There are three blogs that I like a lot, not for those links. Well, they have great links too, but what I most like are the images that they post. And of those isn’t Drawn! that are always great illustrations and links. Those three terrific blogs with a similar subject are: Agence eureka, BibliOdyssey and Giornale Nuovo. They always have interesting posts, with beautiful images.
Pita, from Agence eureka post links to vintage and old stuff and scanned vintage images, many of them from books. She also has a blogs to post images with a good resolution, grenouille plus, and des chapeaux, an adorable blog about hats.
The first focus of BibliOdyssey is links to sites with vintage images of books. The posts are lovely with many great images selected from those links, and the links are very good.
Mr. H from Giornale Nuovo likes, between other things, the old engravings, etchings from the XVI, XVII and XVIII century (I’m not sure, it’s better you ask to him). His posts always have a theme, with the history of that artist or theme, links and images. It’s a kind of class or art history highly recommended.
Since that there are too many links that I want to “steel” from them, I chose a few links of each blog to post:
– Alfa Rrabista: books, art, antiques e hundreds of vintage pictures. The Erotica sessions is my tip to visit there, with tons of pictures of actors and actresses, and few real “erotic” images and NSFW. (via Agence eureka)
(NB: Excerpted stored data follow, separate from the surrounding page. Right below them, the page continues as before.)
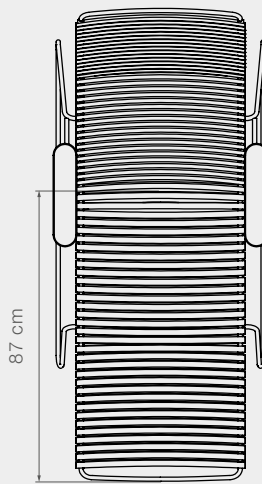

Largo 63 cm // 24,8 in
Profundidad 103 cm // 40,6 in
Alto 85,5 cm // 33,7 in

Largo del asiento 49 cm // 19,3 in
Profundidad del asiento 48 cm // 18,9 in
Alto del asiento 22,5/36,5 cm // 8,9/14,4 in

Altura del brazo 50 cm // 19,7 in
Diámetro 115 cm // 45,3 in

72

CLICK

SILLA DE COMEDOR
Y TUMBONA
ESPECIFICACIONES

DESCRIPCIÓN

Láminas de plástico
Marco de acero gris texturizado

Descansa brazos de bambú

Mantenimiento: Aceite / Reparar laca

Peso del producto 13,2 kg // 29,1 lbs
Tamaño de las láminas Ø12 mm // 0,5 in
Láminas usadas 68 pcs

Altura del brazo 44/46 cm // 17,31/18,1 in
Diámetro 155 cm // 61 in

Peso del producto 13,9 kg // 30,6 lbs
Tamaño de la lámina Ø12 mm // 0,5 in
Láminas usadas 68 pcs

Largo 60,5 cm // 23,8 in
Profundidad 143-169,5 cm // 56,3-66,7 in
Altura 96-58 cm // 37,8-22,8 in

– De Bry’s Alphabets and Steingruber’s Alphabet: two cool posts about alphabets. If you like made a search to find the other posts about alphabets.
– Galerie des Gravures de Gustave Doré: yes, a gallery with illustrations of Gustave Doré. (via Agence eureka)
– Illustrations for The Art Deco Book in France: reproductions from that Gordon N. Ray’s book divided in five parts: The Livre d’Art of the 1920s, George Barbier, François-Louis Schmied, Jean-Émile Laboureur, Pierre Legrain and Art Deco Bookbinding. (via BibliOdyssey)
– Jean-Jacques Grandville: stamps, drawings, illustrations and lithographies. Take a look also on the other links on this BibliOdyssey post.
– Remedios Varo: Most of Varo’s personages bear the delicate heart-shaped face with large almond eyes, long sharp nose, and thick mane of lively hair that marked the artist’s own appearance. The personae she created thus serve as self-portraits transmuted through fantasy. The post on Giornale Nuovo has more information and links about her.